Dataset records

════════

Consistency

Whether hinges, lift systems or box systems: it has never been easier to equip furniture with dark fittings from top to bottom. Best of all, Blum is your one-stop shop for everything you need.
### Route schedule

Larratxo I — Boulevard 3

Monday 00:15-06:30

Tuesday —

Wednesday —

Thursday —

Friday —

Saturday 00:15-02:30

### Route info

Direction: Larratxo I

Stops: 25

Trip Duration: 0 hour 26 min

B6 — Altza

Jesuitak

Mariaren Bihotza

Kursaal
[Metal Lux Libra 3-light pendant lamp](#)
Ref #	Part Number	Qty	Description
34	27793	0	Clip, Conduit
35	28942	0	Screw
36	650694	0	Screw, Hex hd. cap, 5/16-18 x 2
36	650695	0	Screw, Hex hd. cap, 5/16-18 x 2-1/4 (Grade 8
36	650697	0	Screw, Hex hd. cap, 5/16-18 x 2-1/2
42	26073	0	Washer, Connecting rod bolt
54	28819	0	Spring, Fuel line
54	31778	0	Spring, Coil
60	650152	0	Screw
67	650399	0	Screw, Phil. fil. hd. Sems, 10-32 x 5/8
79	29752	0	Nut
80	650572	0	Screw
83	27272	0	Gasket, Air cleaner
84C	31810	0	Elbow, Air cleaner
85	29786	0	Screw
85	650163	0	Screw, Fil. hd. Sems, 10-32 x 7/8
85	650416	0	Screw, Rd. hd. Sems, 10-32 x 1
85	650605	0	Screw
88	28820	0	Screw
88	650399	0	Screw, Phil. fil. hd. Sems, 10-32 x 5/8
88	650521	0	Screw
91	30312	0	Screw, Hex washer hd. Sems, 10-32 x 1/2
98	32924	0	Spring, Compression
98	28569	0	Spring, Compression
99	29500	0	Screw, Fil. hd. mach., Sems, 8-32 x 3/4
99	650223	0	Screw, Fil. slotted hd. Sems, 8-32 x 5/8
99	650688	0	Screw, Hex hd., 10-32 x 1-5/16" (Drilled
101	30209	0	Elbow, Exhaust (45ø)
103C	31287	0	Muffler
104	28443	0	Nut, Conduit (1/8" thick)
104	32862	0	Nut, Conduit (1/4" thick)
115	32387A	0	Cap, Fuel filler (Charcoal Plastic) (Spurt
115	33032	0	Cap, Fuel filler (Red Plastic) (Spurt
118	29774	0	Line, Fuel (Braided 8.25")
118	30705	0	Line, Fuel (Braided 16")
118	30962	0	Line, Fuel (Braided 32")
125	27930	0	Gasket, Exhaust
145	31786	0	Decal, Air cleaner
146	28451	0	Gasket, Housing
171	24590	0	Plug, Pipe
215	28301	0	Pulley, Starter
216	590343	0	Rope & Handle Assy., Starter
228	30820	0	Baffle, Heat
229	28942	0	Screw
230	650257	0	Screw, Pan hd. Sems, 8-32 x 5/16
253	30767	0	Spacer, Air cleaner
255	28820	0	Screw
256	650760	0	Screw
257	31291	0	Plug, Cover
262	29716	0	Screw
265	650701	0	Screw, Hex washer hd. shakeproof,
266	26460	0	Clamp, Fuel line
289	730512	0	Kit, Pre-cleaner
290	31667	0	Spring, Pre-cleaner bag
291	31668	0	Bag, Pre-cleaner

════════

TASK
Pull every line that holds the string "Larratxo" out of the records.

WRITTEN ANSWER
Larratxo I — Boulevard 3
Direction: Larratxo I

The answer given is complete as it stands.